June 11, 2026
Open source or open season?
Open Reproduction of DeepSeek-R1
AI fans cheer the open clone—while critics yell it’s already old news
TLDR: Open R1 says it has completed the first major step toward recreating DeepSeek-R1 in public, releasing datasets and a training recipe anyone can inspect. Commenters, however, instantly turned it into a debate over whether the project is impressive, outdated, or already beaten by better-known open AI efforts.
A group of developers says it’s building a fully open version of DeepSeek-R1, the buzzy reasoning AI model, so anyone can study it, copy it, and build on it. On paper, that’s a big deal: the project has released datasets, training recipes, and a roadmap to recreate the model step by step. The latest brag is that Step 1 is done, including a giant “Mixture-of-Thoughts” dataset with 350,000 verified reasoning examples. In plain English: they’re trying to turn a secretive AI magic trick into a recipe card the public can actually use.
But in the comments, the real action was less “wow” and more “hang on, is this already outdated?” One of the loudest reactions was pure timestamp panic: users immediately noticed the repo looked stale at first glance, with one person basically begging for “2025” to be added to the title so people stop assuming it’s abandoned. Others were even harsher, dropping drive-by dismissals like “Too old now”—the kind of comment that lands like a reality-show slap.
Then came the open-source cage match. Some commenters waved people toward rivals like OpenThoughts, saying it already has a popular dataset and stronger small models. Others name-dropped OLMo and Nemotron as the real examples of open AI training done right. And of course, someone asked the question lurking behind every ambitious AI project: how much money does this actually cost? So yes, the repo is impressive—but the crowd is treating it like a tech talent show, and the judges are ruthless.
Key Points
- •Open R1 is an open-source project intended to reproduce the DeepSeek-R1 pipeline and provide missing components for others to build on it.

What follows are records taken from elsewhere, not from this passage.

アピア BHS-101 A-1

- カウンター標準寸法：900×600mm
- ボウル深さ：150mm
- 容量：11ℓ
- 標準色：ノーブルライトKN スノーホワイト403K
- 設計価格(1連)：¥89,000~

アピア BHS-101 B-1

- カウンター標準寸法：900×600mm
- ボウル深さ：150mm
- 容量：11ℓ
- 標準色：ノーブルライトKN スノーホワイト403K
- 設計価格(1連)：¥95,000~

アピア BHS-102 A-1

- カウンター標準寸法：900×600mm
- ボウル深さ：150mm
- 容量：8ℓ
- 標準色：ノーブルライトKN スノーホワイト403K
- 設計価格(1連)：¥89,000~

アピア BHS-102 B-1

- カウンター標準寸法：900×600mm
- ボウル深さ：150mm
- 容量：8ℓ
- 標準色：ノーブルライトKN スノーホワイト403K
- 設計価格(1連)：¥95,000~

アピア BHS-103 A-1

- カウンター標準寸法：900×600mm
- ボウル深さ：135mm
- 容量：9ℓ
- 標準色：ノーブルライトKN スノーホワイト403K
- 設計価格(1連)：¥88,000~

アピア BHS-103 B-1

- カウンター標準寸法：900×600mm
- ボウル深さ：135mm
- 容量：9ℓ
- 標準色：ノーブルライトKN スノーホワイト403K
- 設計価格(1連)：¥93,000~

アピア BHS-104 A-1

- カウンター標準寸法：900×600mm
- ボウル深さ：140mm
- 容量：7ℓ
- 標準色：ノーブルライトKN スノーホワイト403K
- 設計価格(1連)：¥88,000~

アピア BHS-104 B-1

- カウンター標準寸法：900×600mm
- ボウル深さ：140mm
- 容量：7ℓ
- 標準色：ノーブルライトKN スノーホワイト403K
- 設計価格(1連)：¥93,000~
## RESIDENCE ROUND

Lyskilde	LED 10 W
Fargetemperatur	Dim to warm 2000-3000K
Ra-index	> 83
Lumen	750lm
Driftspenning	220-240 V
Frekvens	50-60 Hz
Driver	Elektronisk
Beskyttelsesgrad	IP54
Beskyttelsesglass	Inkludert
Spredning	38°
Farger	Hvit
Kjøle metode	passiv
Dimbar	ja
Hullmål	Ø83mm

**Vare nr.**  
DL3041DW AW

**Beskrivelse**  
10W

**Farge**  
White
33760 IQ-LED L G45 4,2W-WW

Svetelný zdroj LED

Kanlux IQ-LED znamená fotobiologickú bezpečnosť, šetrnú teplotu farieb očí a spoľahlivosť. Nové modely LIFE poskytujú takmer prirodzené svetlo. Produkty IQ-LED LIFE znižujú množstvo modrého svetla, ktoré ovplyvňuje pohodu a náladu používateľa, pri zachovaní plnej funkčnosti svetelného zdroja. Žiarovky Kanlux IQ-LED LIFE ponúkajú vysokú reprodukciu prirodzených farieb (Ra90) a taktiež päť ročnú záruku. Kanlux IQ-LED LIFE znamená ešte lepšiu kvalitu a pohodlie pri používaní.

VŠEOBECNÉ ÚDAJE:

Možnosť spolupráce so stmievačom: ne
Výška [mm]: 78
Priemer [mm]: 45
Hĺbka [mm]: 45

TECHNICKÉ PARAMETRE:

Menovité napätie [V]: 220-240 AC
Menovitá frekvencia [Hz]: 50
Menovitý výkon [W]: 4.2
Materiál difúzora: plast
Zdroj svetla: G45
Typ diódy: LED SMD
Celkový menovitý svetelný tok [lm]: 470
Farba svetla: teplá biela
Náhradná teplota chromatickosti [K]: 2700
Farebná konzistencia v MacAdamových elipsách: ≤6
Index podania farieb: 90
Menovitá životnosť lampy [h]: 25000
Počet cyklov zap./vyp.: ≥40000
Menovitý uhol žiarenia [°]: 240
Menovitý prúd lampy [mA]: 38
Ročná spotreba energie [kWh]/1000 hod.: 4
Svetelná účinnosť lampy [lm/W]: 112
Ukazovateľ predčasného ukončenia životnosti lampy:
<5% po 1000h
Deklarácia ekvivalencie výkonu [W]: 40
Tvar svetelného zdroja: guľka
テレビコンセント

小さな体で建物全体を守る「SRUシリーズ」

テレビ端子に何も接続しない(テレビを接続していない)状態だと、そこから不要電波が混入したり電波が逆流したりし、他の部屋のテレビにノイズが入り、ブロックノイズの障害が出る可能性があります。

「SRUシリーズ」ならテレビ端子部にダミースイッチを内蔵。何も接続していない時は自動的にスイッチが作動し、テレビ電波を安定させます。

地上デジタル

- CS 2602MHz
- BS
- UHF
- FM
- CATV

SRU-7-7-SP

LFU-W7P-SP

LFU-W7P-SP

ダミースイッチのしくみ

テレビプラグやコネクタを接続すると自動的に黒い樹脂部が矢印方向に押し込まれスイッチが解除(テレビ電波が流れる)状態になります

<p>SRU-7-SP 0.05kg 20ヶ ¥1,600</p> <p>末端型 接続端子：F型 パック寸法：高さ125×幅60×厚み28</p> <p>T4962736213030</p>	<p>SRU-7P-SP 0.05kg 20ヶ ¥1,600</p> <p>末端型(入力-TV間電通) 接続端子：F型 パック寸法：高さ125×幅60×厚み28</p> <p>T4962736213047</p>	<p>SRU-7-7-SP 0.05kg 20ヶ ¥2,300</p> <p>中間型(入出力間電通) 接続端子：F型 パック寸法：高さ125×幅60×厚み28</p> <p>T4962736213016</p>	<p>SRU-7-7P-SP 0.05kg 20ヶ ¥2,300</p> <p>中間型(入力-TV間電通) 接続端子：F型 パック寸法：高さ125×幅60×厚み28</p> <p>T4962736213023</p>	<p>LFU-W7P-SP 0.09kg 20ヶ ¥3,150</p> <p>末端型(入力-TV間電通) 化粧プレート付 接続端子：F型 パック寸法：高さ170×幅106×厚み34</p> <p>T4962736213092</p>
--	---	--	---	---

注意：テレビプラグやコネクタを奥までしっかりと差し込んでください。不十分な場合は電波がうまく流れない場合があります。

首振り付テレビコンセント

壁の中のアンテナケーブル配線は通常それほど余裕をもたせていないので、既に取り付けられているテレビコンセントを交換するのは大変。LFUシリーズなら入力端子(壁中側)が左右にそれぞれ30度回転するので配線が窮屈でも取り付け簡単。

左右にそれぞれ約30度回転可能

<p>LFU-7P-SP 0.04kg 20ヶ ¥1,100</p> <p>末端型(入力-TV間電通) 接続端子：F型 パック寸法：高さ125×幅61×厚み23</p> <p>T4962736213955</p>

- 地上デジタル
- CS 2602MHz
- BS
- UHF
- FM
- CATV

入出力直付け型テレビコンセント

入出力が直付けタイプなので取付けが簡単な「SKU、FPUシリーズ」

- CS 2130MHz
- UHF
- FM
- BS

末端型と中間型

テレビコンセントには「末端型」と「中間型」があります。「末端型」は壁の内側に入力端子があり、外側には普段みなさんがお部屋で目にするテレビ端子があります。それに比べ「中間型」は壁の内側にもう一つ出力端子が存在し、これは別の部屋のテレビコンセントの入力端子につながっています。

- •The repository includes scripts for GRPO training, supervised fine-tuning, and synthetic data generation, plus a Makefile to run pipeline steps.
- •The project roadmap has three stages: reproducing R1-Distill models, reproducing the RL pipeline behind R1-Zero, and showing multi-stage training from base model to RL-tuned model.
- •A 2025/05/26 update states that Step 1 was completed with release of the Mixture-of-Thoughts dataset and a recipe for OpenR1-Distill-7B.
- •Installation guidance specifies CUDA 12.4, Python 3.11, vLLM 0.8.5.post1, FlashAttention, PyTorch 2.6.0, and authentication with Hugging Face and Weights & Biases.